In a request for information released Jan. 23, the California State Board of Equalization (BOE) seeks “data on the current market research for design, development, and implementation of a new Board Roll System.” Per the state constitution, the BOE is charged with assessing property owned or used by public utilities and “other specified companies operating in California,” so that counties can use those valuations to levy property taxes. BOE also annually assesses “pipelines, flumes, canals, ditches, and aqueducts” that lie across two or more counties; it assesses property (excluding franchises) that’s “owned or used by regulated railway, telegraph, or telephone companies, car companies operating on railways in the state,” and companies that transmit or sell gas or electricity. The BOE “uses the California Department of Tax and Fee Administration (CDTFA) as a technology and infrastructure service provider.” Among the takeaways:

  • The RFI’s overall goal is collecting information from entities with skills and experience in “designing workload and case management systems and technology needs,” according to the RFI. The information will be used by BOE to “develop and finalize requirements to be placed in either a leveraged procurement agreement or a request for offer, using either a California Multiple Award Schedule (CMAS) master services agreement (MSA) procurement vehicle, an invitation for bid, or a request for proposal.
  • BOE wants to modernize the systems supporting its State-Assessed Properties Division, which prepares yearly property value recommendations for state-assessed properties, for each taxpayer. The board uses these annual indicators and recommendations, created from information provided by taxpayers, to determine the fair market value of taxpayers’ “unitary property,” generating about $2 billion in annual property taxes for schools and local governments. The existing system is “antiquated and uses manual processes subject to human error to complete the valuation and allocation.” The modernizing is aimed at streamlining the Board Roll process “so that timelines are met and improve audit capacity to ensure accuracy of the Board Roll valuation and allocation.” BOE also wants to redesign the Board Roll System to “add increased value to the overall operations and capabilities to better serve our audiences.” Audiences include taxpayers, “tax professionals, business owners, BOE team members” as well as the public, other state entities and the media.
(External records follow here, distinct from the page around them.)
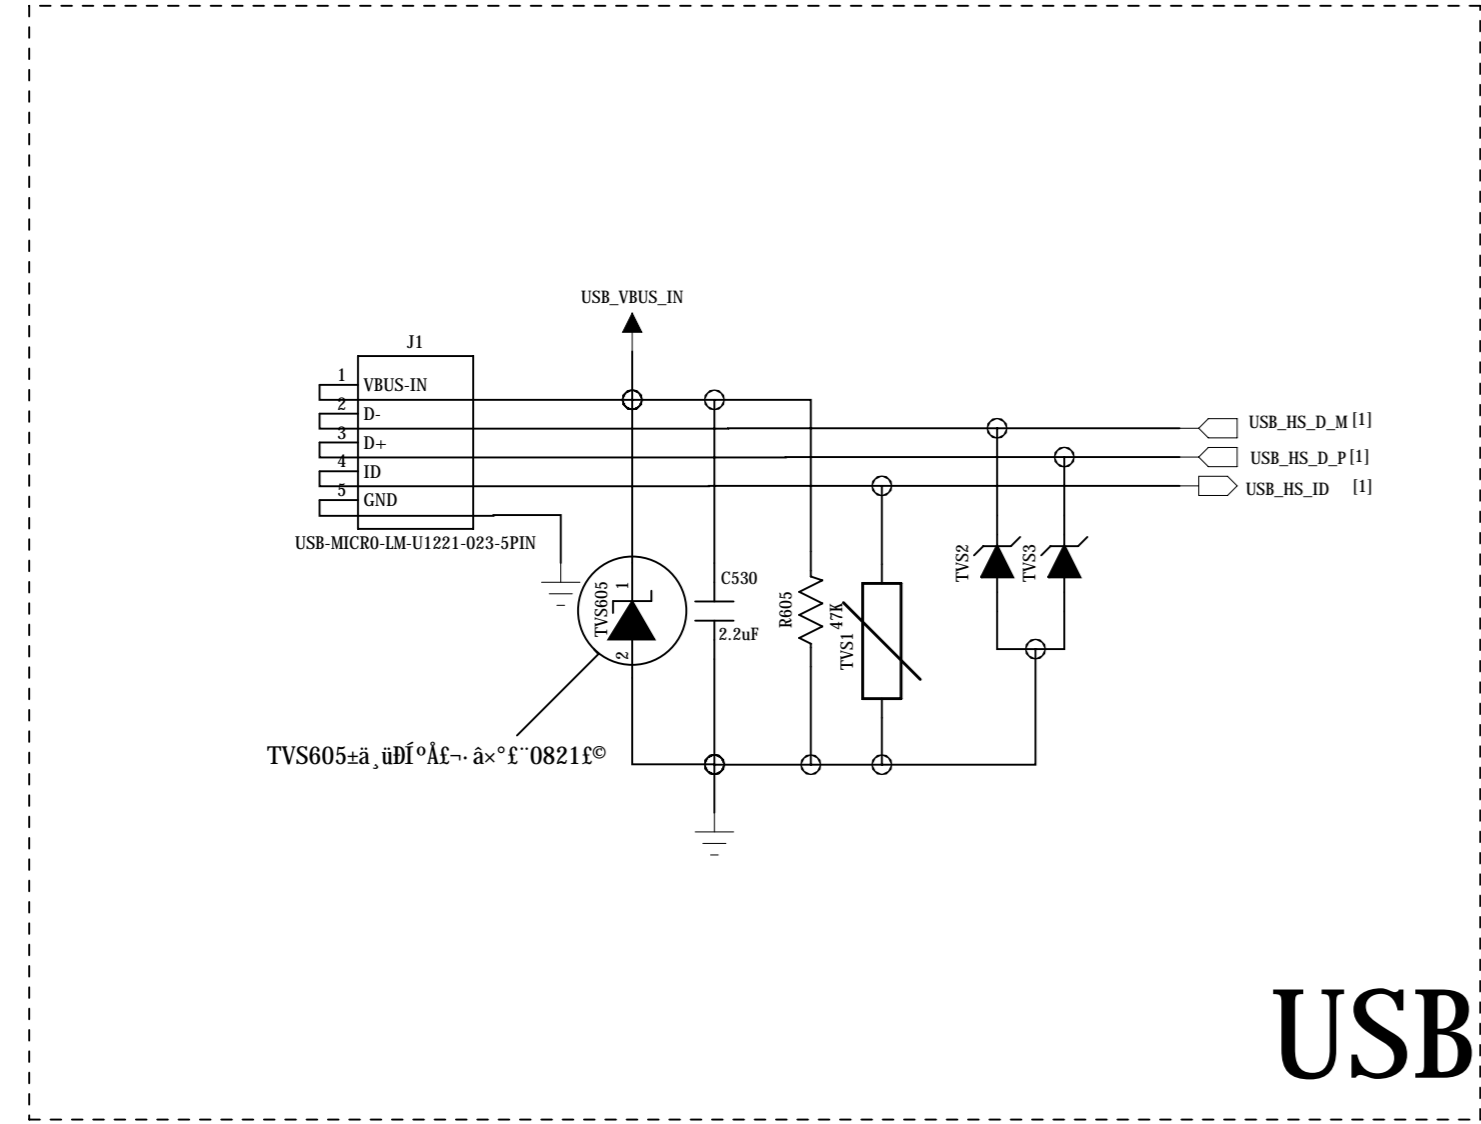

RF

USB

RGB LED

TITLE:	23007_2_10	REV:	1.1.1
DOCUMENT NO.:	1.KEYPAD	SIZED:	A1
DEPARTMENT:	Hardware DEPT.		
COMPANY:	WINGTECH		
DESIGNER:	<DESIGNER>	Last Saved Date:	2015/8/28
		SHEET:	1 OF 1

The BOE modernization project proposed will center on “creating process improvements resulting in efficiencies, new service options, and increased revenue.”
  • The project would automate Board Roll processes for real-time validation, data capture, and audit detection for property statements and business documents, per the RFI. Its components include business improvements such as maintaining rules without the need for coding, improved audit enforcement tools, electronic correspondence imaging and routing and legacy decommissioning; improved case selection, migration to a single enterprise case and workload management system, process automation and new user dashboards; enhanced analytics via a centralized data warehouse, better search capabilities and enterprise data modeling; and self-service options for taxpayers including secure access to and submission of property statements and related documents, registration, appeals, secure chat and document viewing.
  • Respondents should detail their company’s experience around “the design and development of workload and case management implementations”; customers that are comparable to BOE; experience around stakeholder engagement, polling and analysis; and whether the company has a CMAS, MSA or a software license program (SLP) offering “services and labor classifications relevant to CDTFA’s anticipated scope of work ... .” Companies responding should also detail the tools and methodology they’ll use for training, mentoring and knowledge transfer; to achieve a responsive, customer-centric design; whether the solution would be software as a service, commercial off-the-shelf or other; and how it will integrate and interface with existing systems and data sources.
  • Responses to questions are expected Thursday and responses to the RFI are due Feb. 13.
Theo Douglas is Assistant Managing Editor of Industry Insider — California.